Problem
Using the listing below, work out how many lines include the word "máximo". Only the number is to be given.

Extracted records
=== Section Start ===
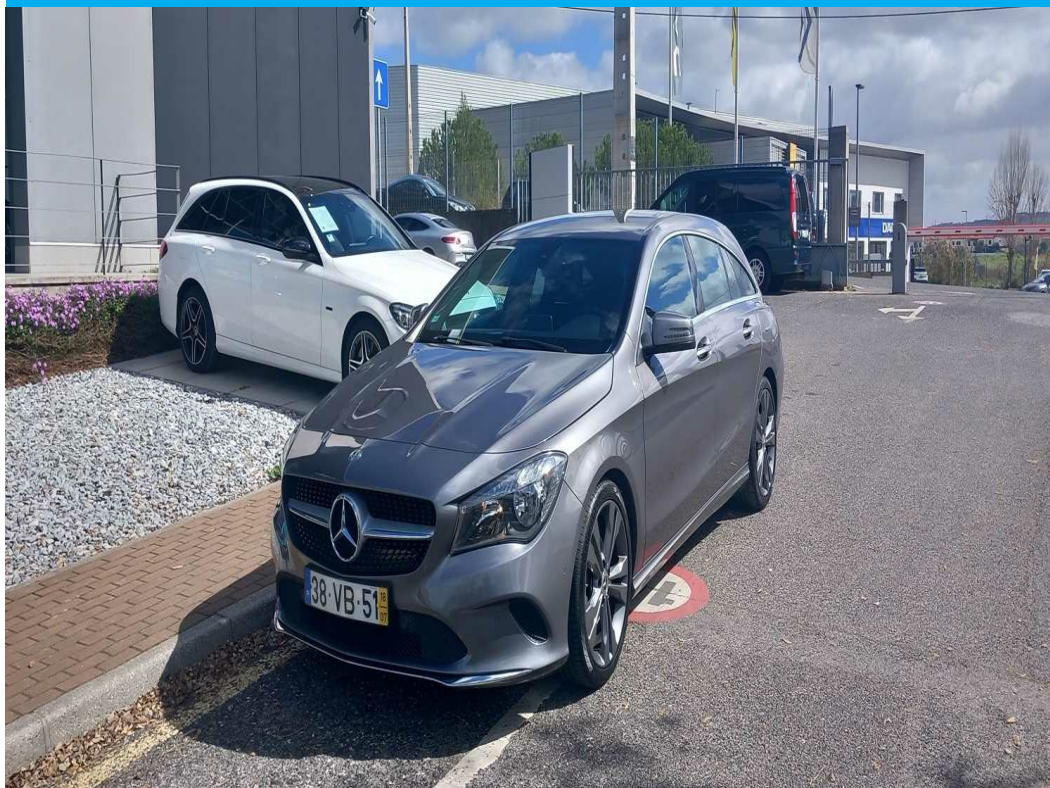

USADO

NOVO PREÇO

MERCEDES

CLA 180 d Urban

25.700€ ~~26.800€~~

LIGUE-ME GRÁTIS

Caraterísticas

Mecânica

Chassis

Carroçaria	Carrinha	Motor		Transmissão	
Portas	5	Cilindrada	1.461 cc	Comprimento	4640 mm
Lugares	5	Potência	109 cv	Largura	1777 mm
Quilometragem	77.238 Kms	Binário máximo	260 Nm	Altura	1435 mm
Ano	2018/07	Regime binário máximo	2500	Distância entre eixos	2699 mm
Cor	Cinzeno	Número de cilindros	4	Peso	
Número	2568887	Transmissão		Tara	1470 Kg
Prestações		Tracção	Dianteira	Peso Bruto	1990 Kg
Velocidade Máxima	200 Km/h	Tipo caixa	Manual	Capacidade	
Aceleração dos 0-100km/h	11.9 seg	Número de velocidades	6	Mala	495 litros
Consumos		Travões		Depósito	50 litros
Combustível	Diesel	Dianteiros	Disco Ventilado		
Urbano	4.6 l/100Km	Traseiros	Disco		
Extra-urbano	3.7 l/100Km				
Combinado	4.1 l/100Km				
CO2	104 g/km
=== Section End ===
Task solution
2